---------- Available data

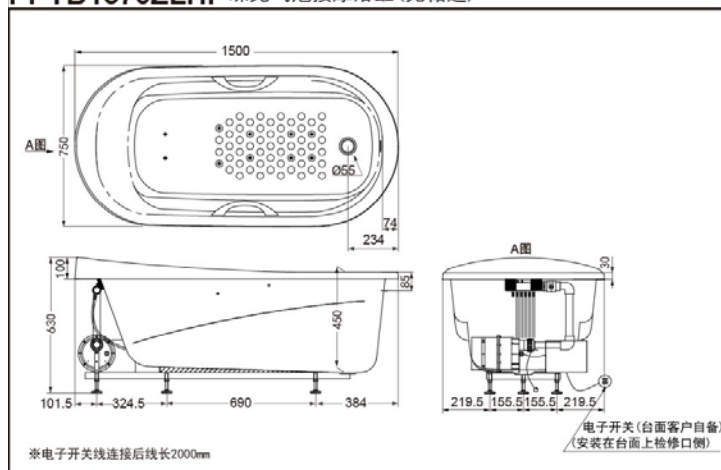

### 产品规格

产品尺寸：1500\*750\*630mm  
满水容量：195L  
喷头数量：10个

PPYB1570ZRP  
PPYB1570ZRHP 珠光气泡按摩浴缸(无裙边)
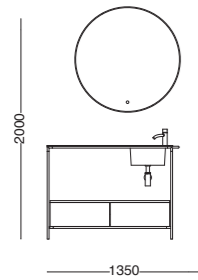

Lavabo in ceramica Skyland 80x48 cm con vasca sx - Bianco matt
 _Skyland ceramic washbasin with left basin 80x48 cm - White matt
 Struttura Altalena Nero matt
 con asta illuminante Beige 110x48xh220 cm
 _Altalena Black matt stainless steel structure
 with led lighting Beige pole 110x48xh220 cm
 Mobile per Altalena 2 ante 80x48xh62 - Rovere naturale
 _Altalena cabinet 2 doors 80x48xh62 - Natural oak
 Portasciugamani in acciaio inox Nero matt e cuoio
 _Round metal towel holder Black matt and leather
 Specchio con profilo in acciaio inox e cuoio Ø 60 cm
 _Round mirror with black matt stainless steel profile Ø 60 cm
 Portasciugamani Mammolo
 in acciaio inox e legno Castagno 46x35xh78 cm
 _Mammolo towel holder with stainless steel structure
 and Castagno wooden shelf 46x35xh78 cm
 Piletta e sifone _Drain and siphon

- Lavabo in ceramica Skyland 120x48 cm doppia vasca - Siena matt
- _Skyland ceramic double basin 120x48 cm - Siena matt
- Struttura Altalena Nero matt con asta illuminante Nero matt 150x48xh220 cm
- _Altalena Black matt stainless steel structure with led lighting Black pole 150x48xh220 cm
- Mobile per Altalena 2 ante 120x48xh62 - Visone matt
- _Altalena cabinet 2 doors 120x48xh62 - Visone matt
- Specchio con profilo in acciaio inox e cuoio Ø 50 cm
- _Round mirror with stainless steel profile Ø 50 cm
- Portasciugamani Mammolo in acciaio inox e legno Castagno 46x35xh78 cm
- _Mammolo towel holder with stainless steel structure and Castagno wooden shelf 46x35xh78 cm
- Piletta e sifone_Drain and siphon
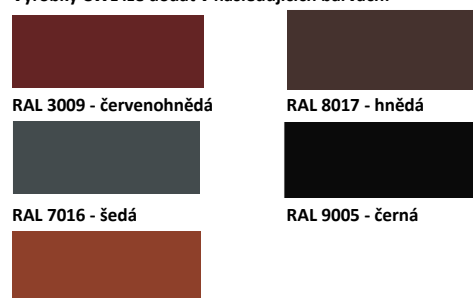

Výrobky CWL lze dodat v následujících barvách:

RAL 8004 - cihlová

Na základě poptávky lze vyhotovit nabídku dle individuálních rozměrů a délek střešní konstrukce.

Dodací termín systému CWL je 14 pracovních dní.

--------------------

• **Assignment**
Extract from the material above the stretch running from the line containing "- Lavabo in" through the line containing "Na základě poptávky". Keep the text exact and the pictures out.

• **Answer space**
- Lavabo in ceramica Skyland 120x48 cm doppia vasca - Siena matt
- _Skyland ceramic double basin 120x48 cm - Siena matt
- Struttura Altalena Nero matt con asta illuminante Nero matt 150x48xh220 cm
- _Altalena Black matt stainless steel structure with led lighting Black pole 150x48xh220 cm
- Mobile per Altalena 2 ante 120x48xh62 - Visone matt
- _Altalena cabinet 2 doors 120x48xh62 - Visone matt
- Specchio con profilo in acciaio inox e cuoio Ø 50 cm
- _Round mirror with stainless steel profile Ø 50 cm
- Portasciugamani Mammolo in acciaio inox e legno Castagno 46x35xh78 cm
- _Mammolo towel holder with stainless steel structure and Castagno wooden shelf 46x35xh78 cm
- Piletta e sifone_Drain and siphon

Výrobky CWL lze dodat v následujících barvách:

RAL 8004 - cihlová

Na základě poptávky lze vyhotovit nabídku dle individuálních rozměrů a délek střešní konstrukce.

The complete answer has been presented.